Rohit Agarwal: Very cool. How would you think about the angel investments that you make? Is that also a kind of similar philosophy or given the stage of the evolution of the companies, it changes a little bit. It’s of course much more risk oriented investments that you’re making.

Sanjay Jain: I mean definitely the money which I allocate towards angel investing is the money which you have already written off in my head.

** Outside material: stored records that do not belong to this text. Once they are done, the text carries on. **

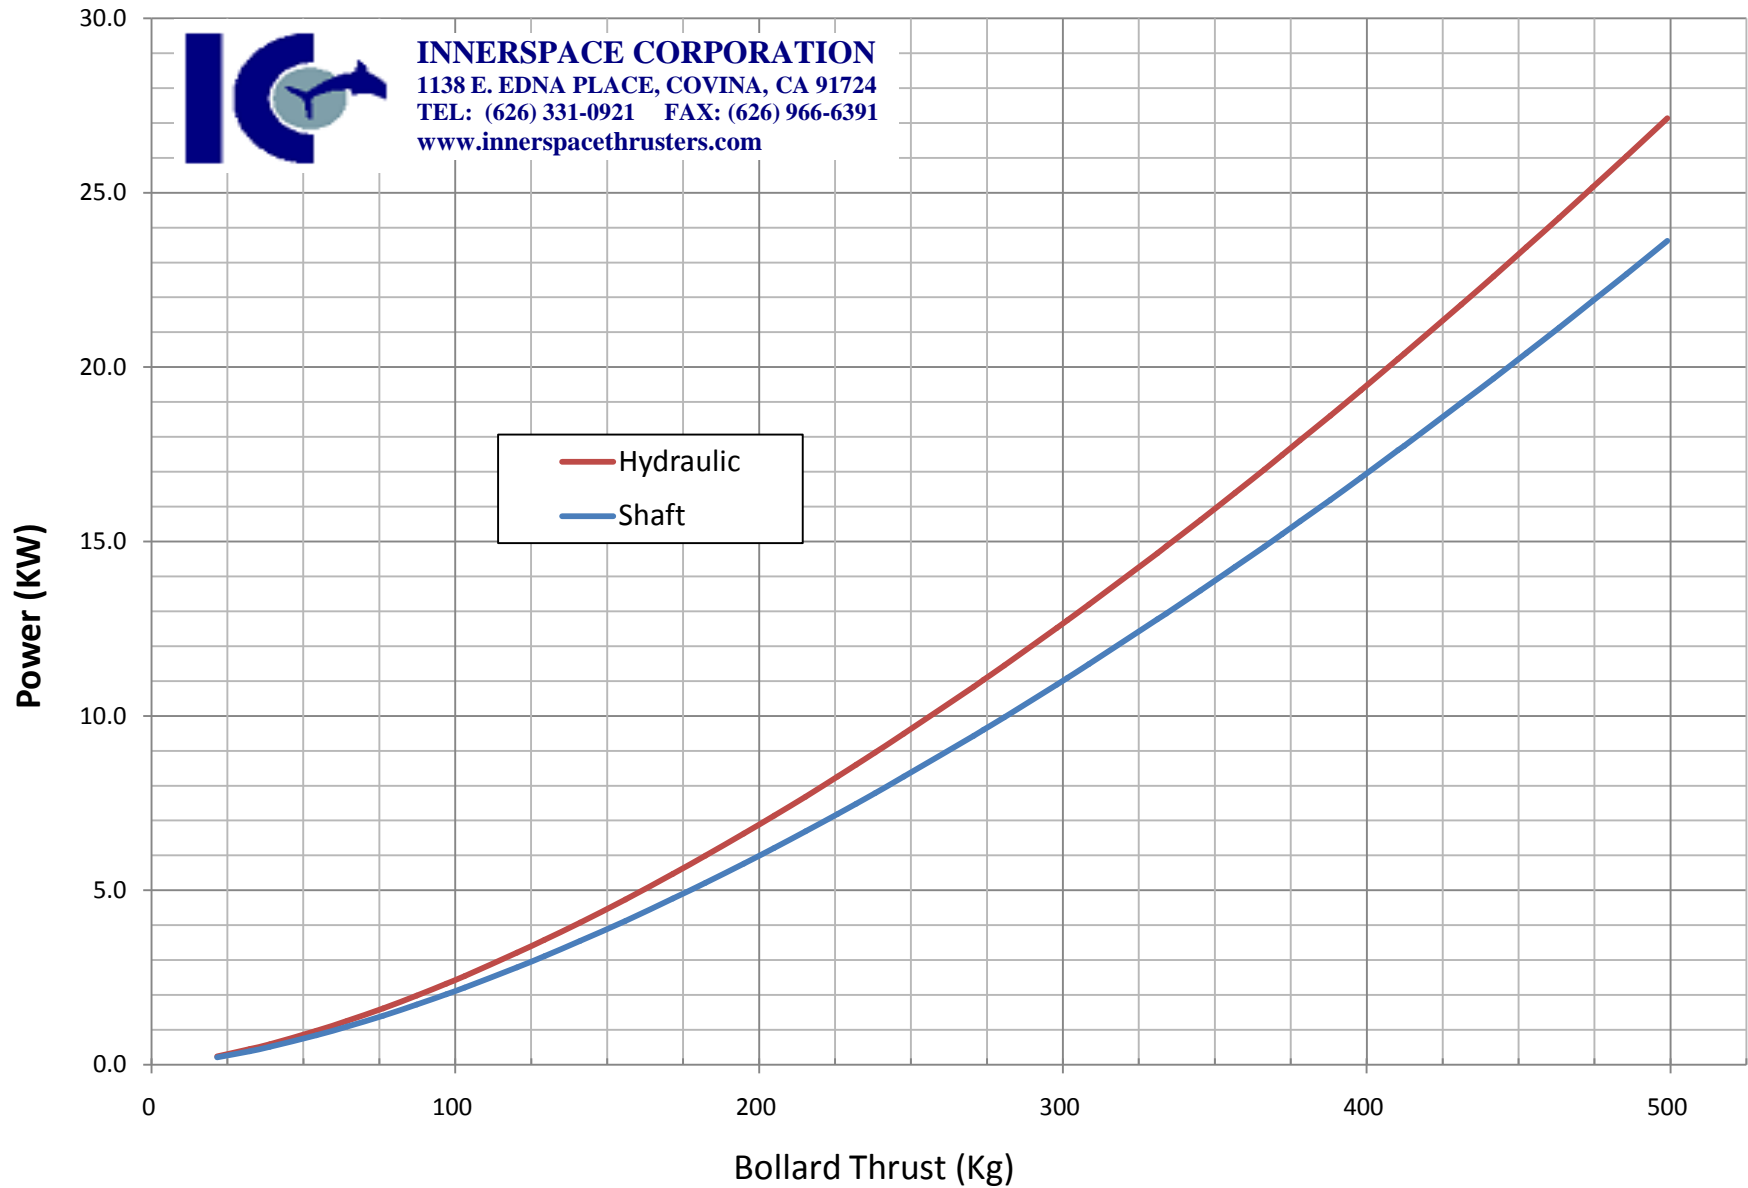

1002-1.23/8400-18 (1.42 in³) Power(kw) vs Bollard Thrust(kg)

INNERSPACE CORPORATION
1138 E. EDNA PLACE, COVINA, CA 91724
TEL: (626) 331-0921 FAX: (626) 966-6391
www.innerspacethrusters.com
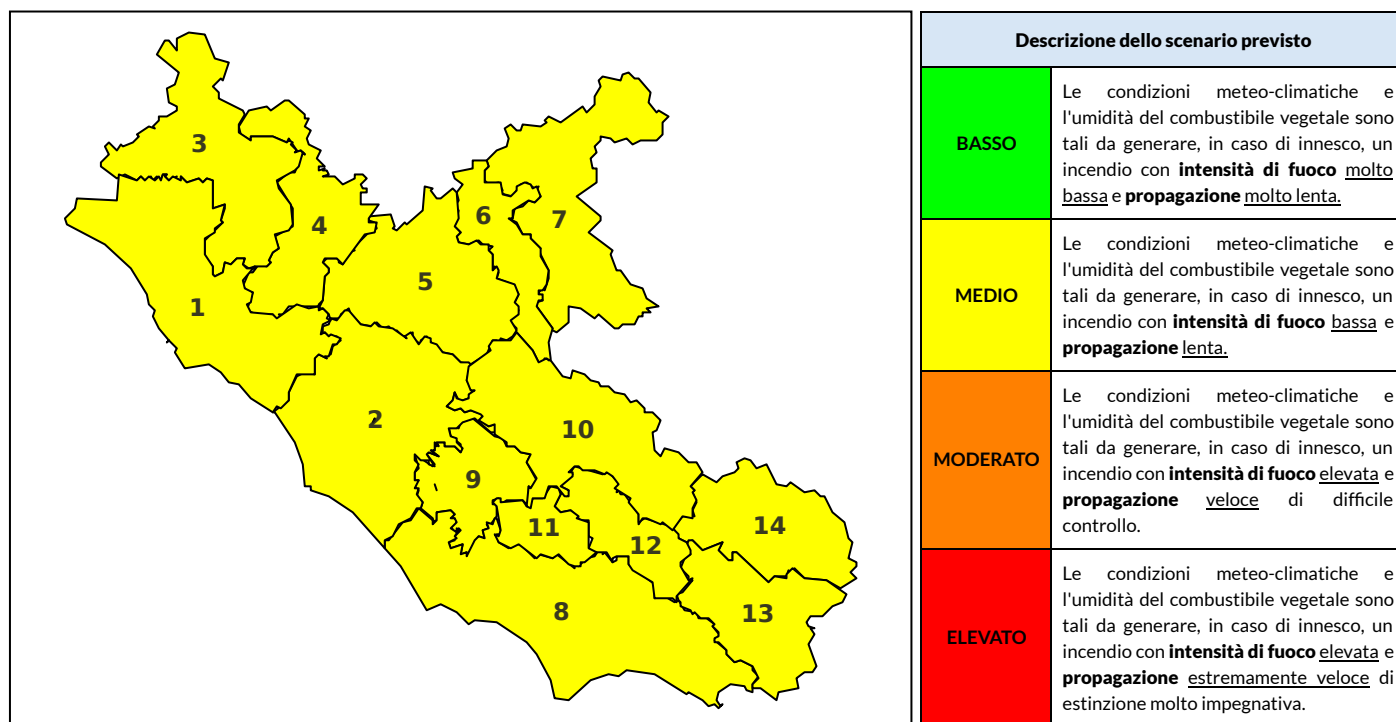

### Previsioni per oggi 18-7-2022

Livello di pericolosità da incendio boschivo per Zona di Allerta AIB

Bollettino emesso nel periodo della campagna AIB Lazio sulla base del modello previsionale RISICOLazio, sviluppato in collaborazione con Fondazione CIMA, che fornisce un supporto per la valutazione della Pericolosità da incendio boschivo aggregata sulle Zone di Allerta AIB, approvate come parte integrante del Piano AIB Lazio 2020-2022 con DGR n° 270 del 15/05/2020. Il dettaglio della distribuzione dei Comuni nelle Zone AIB è consultabile al link [https://protezionecivile.regione.lazio.it/zone\\_allerta\\_aib\\_comuni/](https://protezionecivile.regione.lazio.it/zone_allerta_aib_comuni/). Le Norme Comportamentali per la popolazione sono consultabili al link [https://protezionecivile.regione.lazio.it/norme\\_comportamentali\\_aib/](https://protezionecivile.regione.lazio.it/norme_comportamentali_aib/).

Zona AIB	1	2	3	4	5	6	7	8	9	10	11	12	13	14
Livello Pericolosità	MEDIO	MEDIO	MEDIO	MEDIO	MEDIO	MEDIO	BASSO	MEDIO	MEDIO	MEDIO	MEDIO	MEDIO	MEDIO	MEDIO

NOTE

Zona AIB	1	2	3	4	5	6	7	8	9	10	11	12	13	14
Livello Pericolosità	MEDIO	MEDIO	MEDIO	MEDIO	MEDIO	MEDIO	MEDIO	MEDIO	MEDIO	MEDIO	MEDIO	MEDIO	MEDIO	MEDIO
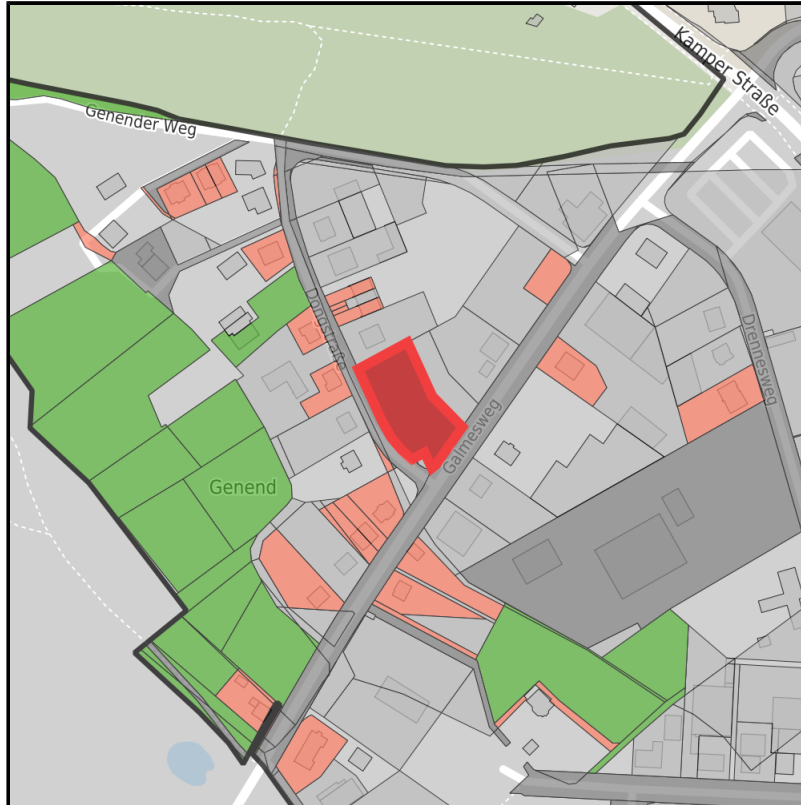

EXPOSÉ

Gewerbegebiet Genend V

Ort: Moers

Regional overview

Municipal overview

Detail view

Parcel

Area size	2,489 m ²
Availability	Immediately available area
Area designation	Commercial zone
Divisible	No
24h operation	No

Bildnachweis: Geoportal Ruhr

EXPOSÉ

Gewerbegebiet Genend V

Ort: Moers

Details on commercial zone

Main companies Deflex Dichtsysteme GmbH, Dieckhoff GmbH, Fritz Fackert GmbH & Co.KG, Ornuu Duetschland GmbH, Schleupen AG, Team Tischer GmbH

Transport infrastructure

Freeway	A 57	2.6 km
Airport	Düsseldorf Flughafen	38 km

EXPOSÉ

Gewerbegebiet Genend V

Ort: Moers

Contact person

Brigitte Jansen

Wirtschaftsförderung wir4 AöR
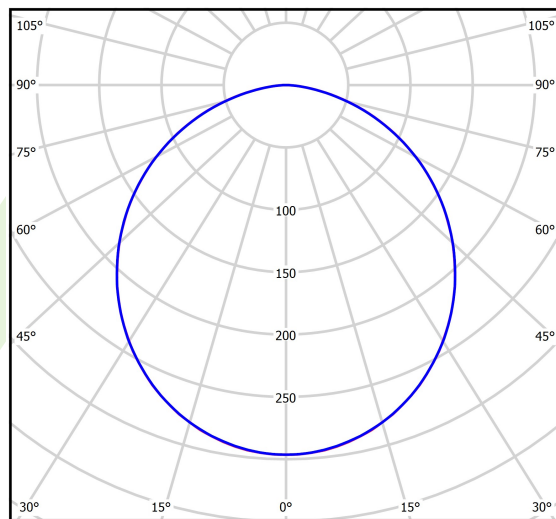

Dane świetlne i elektryczne

Typ źródła	LED
Strumień LED [lm]	7614
Moc LED [W]	37,2
Strumień oprawy [lm]	6213
Moc oprawy [W]	41,7
Skuteczność świetlna oprawy [lm/W]	149
Temperatura barwowa [K]	3000
CRI	>80
SDCM (źródła LED)	3
Kąt rozsyłu światła [°]	(C0-C180) / (C90-C270) - 109,6° / 109,6°
Klasa ryzyka fotobiologicznego (PN-EN 62471)	RG0
Klasa ochrony	I
Stopień szczelności	IP65
Zasilanie	220..240 V, 50..60 Hz
Żywotność LED [h]	100000
Lx/By	L80/B10
Temperatura otoczenia [°C]	5 ÷ 30
Zasilacz elektroniczny	DIM DALI (EDD)
Współczynnik mocy cos φ	>0,95
Obciążalność obwodów	14 (B10), 23 (B16), 22 (C10), 35 (C16)

Dane mechaniczne

Montaż	nastropowy
Materiał	blacha stalowa
Kolor	RAL 9016 (biały)
Przesłona	SHMR (szyba hartowana matowa antyrefleksyjna)
Odporność mechaniczna	IK08
Wymiary [mm]	1220 x 620 x 78

Fotometria
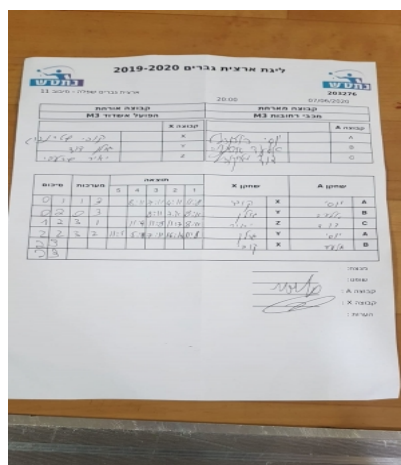

| קבוצה אורחת | | | קבוצה מארחת | | |
|----------------|------|---------|----------------|------|---------|
| הפועל אשדוד M3 | | | מכבי רחובות M3 | | |
| מכבי רחובות M3 | | קבוצה X | הפועל אשדוד M3 | | קבוצה A |
| 998 | 975 | X | יוסי רוזנבלט | 998 | A |
| 935 | 922 | Y | אלעד אברויה | 935 | B |
| 3667 | 1006 | Z | דוד מוסקוביץ | 3667 | C |

| סכום | מערכות | תוצאה | | | | | שחקן X | | שחקן A | | | |
|------|--------|-------|---|------|------|------|--------|------|--------------|---|--------------|---|
| | | 5 | 4 | 3 | 2 | 1 | | | | | | |
| 0 | 1 | 1 | 3 | | 8/11 | 7/11 | 4/11 | 11/8 | יעקב שטרנברג | X | יוסי רוזנבלט | A |
| 0 | 2 | 0 | 3 | | | 8/11 | 7/11 | 8/11 | דוד גולן | Y | אלעד אברויה | B |
| 1 | 2 | 3 | 1 | | 11/9 | 11/8 | 11/7 | 8/11 | יאיר שרעבי | Z | דוד מוסקוביץ | C |
| 2 | 2 | 3 | 2 | 11/5 | 5/11 | 7/11 | 16/14 | 11/8 | דוד גולן | Y | יוסי רוזנבלט | A |
| 2 | 3 | 2 | 3 | 6/11 | 6/11 | 11/3 | 6/11 | 11/5 | יעקב שטרנברג | X | אלעד אברויה | B |
| 2 | 3 | | | | | | | | | | | |
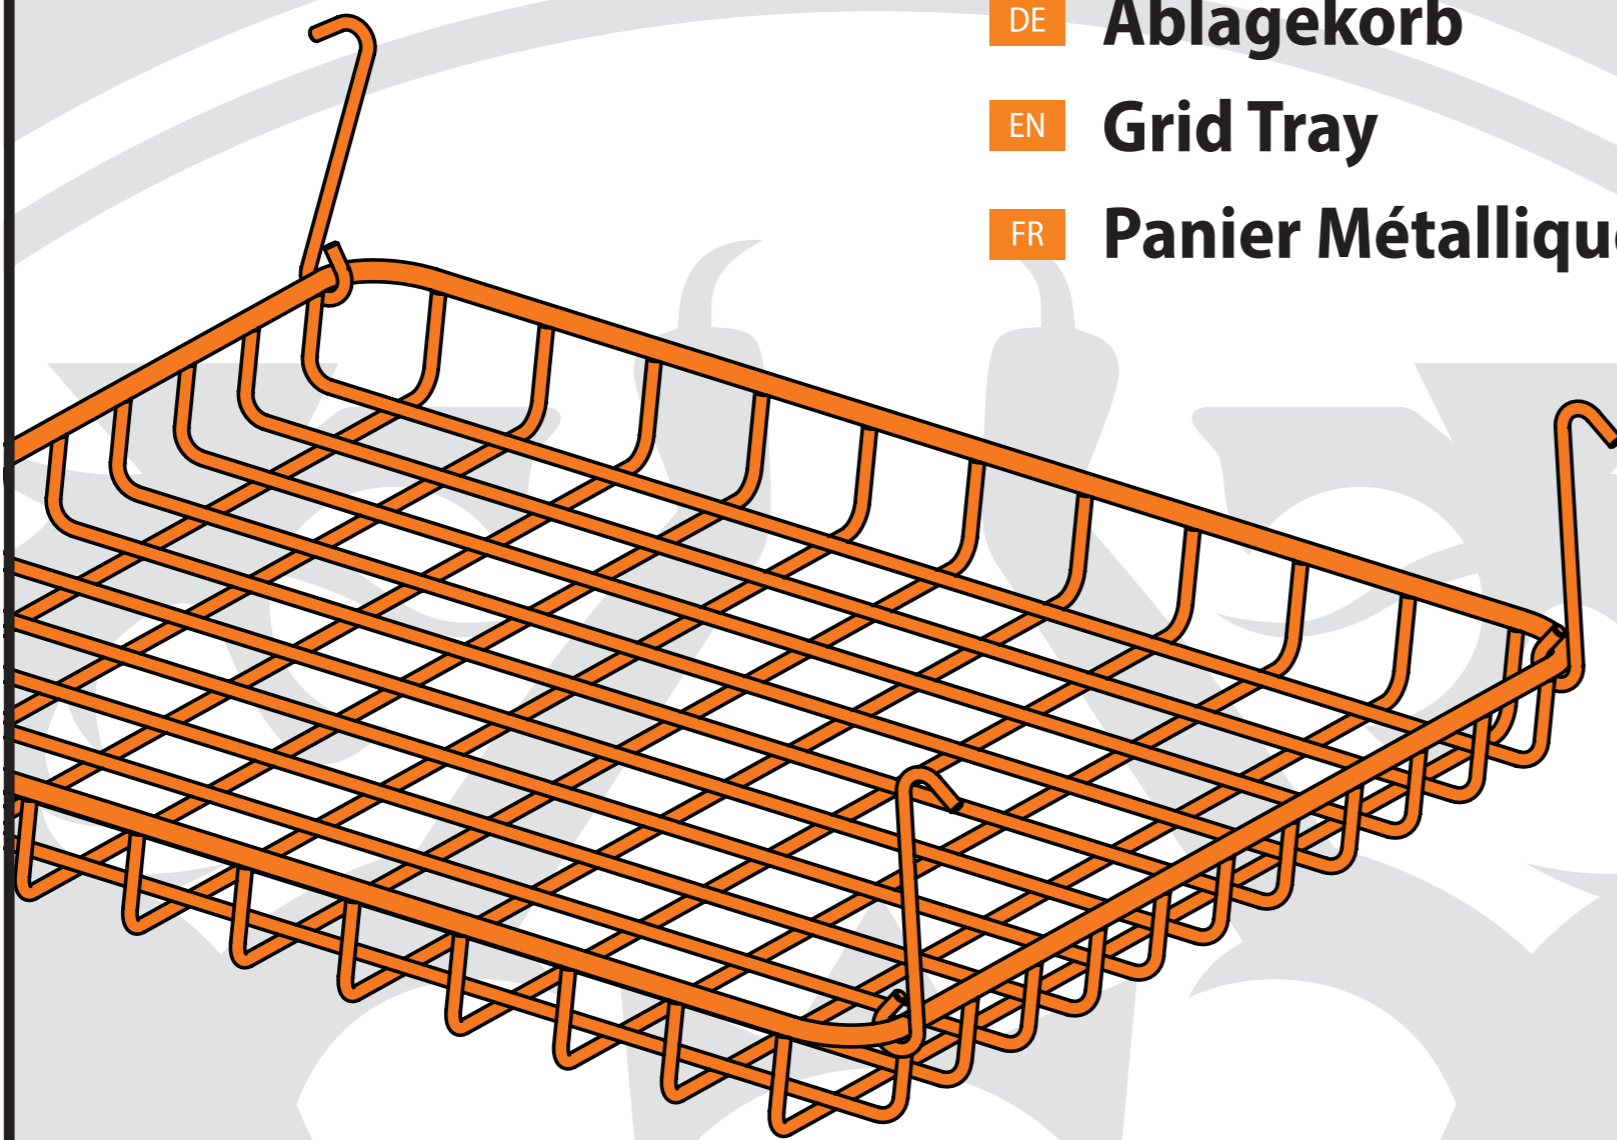

Petromax | tray 45

DE Ablagekorb

EN Grid Tray

FR Panier Métallique

Passend für / suitable for / approprié pour

Petromax Feuertopftisch fe45

DE

- Metallkorb zum Einhängen für den Feuertopf Tisch fe45
- Ohne weitere Montage auf zwei Höhen sofort einsatzbereit
- Stabile Auflagefläche von 40 x 40 cm
- Tragkraft max.: 15 kg
- Erhöhter Rand für sicheres Lagern von Speisen, Geschirr & Co.
- Robust und langlebig durch verchromte Oberfläche

EN

- Metal basket to hook on the Dutch Oven Table fe45
- Ready for use at two levels without assembly
- Stable support surface of 15.7 x 15.7 in (40 x 40 cm)
- load capacity max.: 33 lbs (15 kg)
- Raised edge for safe storage of food, tableware & co.
- Robust and durable thanks to chromed surface

FR

- Panier métallique pour la suspension à la Table pour armées fe45
- Prêts à l'emploi sur deux niveaux sans aucun montage
- Surface stable de 40 x 40 cm
- capacité de charge max. : 15 kg
- Bord rehaussé afin de déposer des aliments, de la vaisselle & Co. de manière sûre
- Robuste et durable grâce à la surface chrome
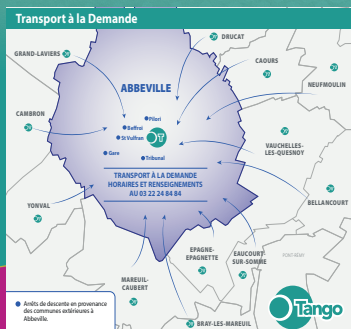

PENDANT LA PÉRIODE VACANCES :

Du lundi au Samedi de 7h00 à 12h30 et de 13h30 à 18h00

**LA RÉSERVATION EST OBLIGATOIRE
LA VEILLE DU DÉPLACEMENT AVANT 16H00**
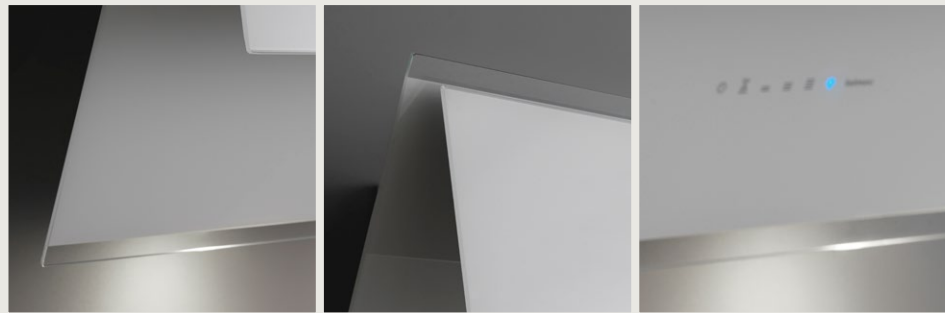

VERSO

- › Verre noir ou blanc
- › Commandes tactiles
- › Éclairage LED
- › Double surface d'aspiration
- › Évacuation horizontale possible
- › Filtre métallique lavable au lave-vaisselle
- › Filtre charbon inclus

Distance minimale

Plan de travail 53 cm

Niveau sonore en vitesse 3

58 dB(A) re 1pW

Hottes :	Nart	Référence	Code EAN	Matériau Coloris	Dimensions (cm)	Poids net (Kg)	Débit (m ³ /h)
Verso Murale 85 cm blanc	128296	VERSO1410	8034122358765	Verre blanc	85	19	800
Verso Murale 85 cm noir	128297	VERSO1420	8034122358741	Verre noir	85	19	800
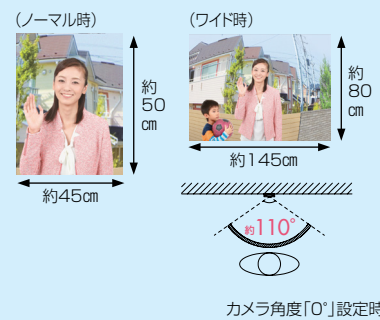

ワイヤレステレビドアホン

最大設置台数

玄関
1室内
1

【玄関子機】

カメラ付ワイヤレス玄関子機
推奨電池:ニッケル水素電池
容量2500mAh以上

【親機】

HGI
認定品

モニター付ワイヤレス親機

ワイヤレステレビドアホンセット
WL-11

オープン価格
●WL-DAとWL-1MEのセット
●録画再生機能付
●AC電源アダプター

夜の訪問者の顔も
カラー映像で確認
できます。
(カメラ前約50cm)

映る範囲(カメラ前約50cm)

特長

配線工事不要

玄関子機は電池式。親機は充電台の電源アダプターをコンセントに挿すだけ。既存のインターホンから簡単に取替えることができます。

高級感を追求したデザイン

子機は高級感のあるヘアライン仕上げ。どんな外構にもマッチします。親機はホワイトとシルバーのツートンカラー。手に心地よくフィットする形状です。

ワイド

ワイド 左右画角約110°のワイド画面で隅の方までしっかりと確認できます。インターホンで留守を確認する不審者も見逃しません。

ワイド画面

電池長持ち 最大寿命24か月

カメラ付ワイヤレス玄関子機の電池寿命は、最大24か月。長寿命のため取り換えの手間が少ないです。

録画機能

3画面録画 1件につき3画面、最大100件録画できます。録画されるとお知らせ表示灯が青色に点滅。F1ボタンを押すことで画像を再生することができます。

画面の映る位置を切り替え

ワイド画面を9分割した中から、ノーマル画面の映る位置を切り替えることができます。

ワイド 3画面録画 みやすで補正 ワイヤレス 玄関モニター プレストーク 夜もカラー 2.4型カラー 送話表示灯

※1 プレストーク通話時のみ。

So it should be money which you don’t need and obviously you are not throwing money but in your head you have already written it off. That’s one. Number two, initially we used to look at investing at a ideation stage and most of the companies didn’t do well. So we don’t look at as a group. and startups which are at an ideation stage. So the criteria for us is that it needs to have proof of concept, it should be revenue making. You will invest bases in which sector it is as a professional you see scope in that sector. What is the USP? Does the founders have enough bandwidth? Are they passionate enough? Are they skilled enough to do that particular business? So confidence, their confidence, their knowledge will inspire you to invest in them.

Sanjay Jain: I think that’s primary what we look at. I mean, you come with a, and we are a group of 130 plus members, almost from every industry. So they are able to gauge whether a particular business has a room for upside or not. And how can a new startup make a difference? How can they scale up? Will technology help? Are they looking at a certain niche which is untapped? And obviously, the founders how well they are equipped, how much knowledge they have.

Rohit Agarwal: Makes sense. So how do you define success?

Sanjay Jain: You know, unfortunately, Rohit, in our country, we started poor in our country post-independence. Our father’s generation and our generation, we have all worked with only one thing in mind, and that is how to make money. So success for us, unfortunately, is defined by how much wealth you have created, I think which is not right. Obviously, this you realize with time that success does not mean money. To me success means happiness, to me success means peace, to me success means living a good life. So obviously at different stages of life your criteria of success changes. Today you know I have a friend who has a startup in academics. They are working closely with Government of India and they want to introduce the syllabus in such a way that the focus shifts from making money to making happiness. So. Today there are so many options in the country that one can work in the field where he has a passion and if he is good he will end up making money also. So money should, I mean someone, I mean to my kids I would say don’t go for money, go for something which you like and money will follow because you are already coming from a financial secured background. So you need to do something which gives you happiness. So the definition of success for me has changed. Success to me means happiness peace you need to sleep fully in night that is happiness.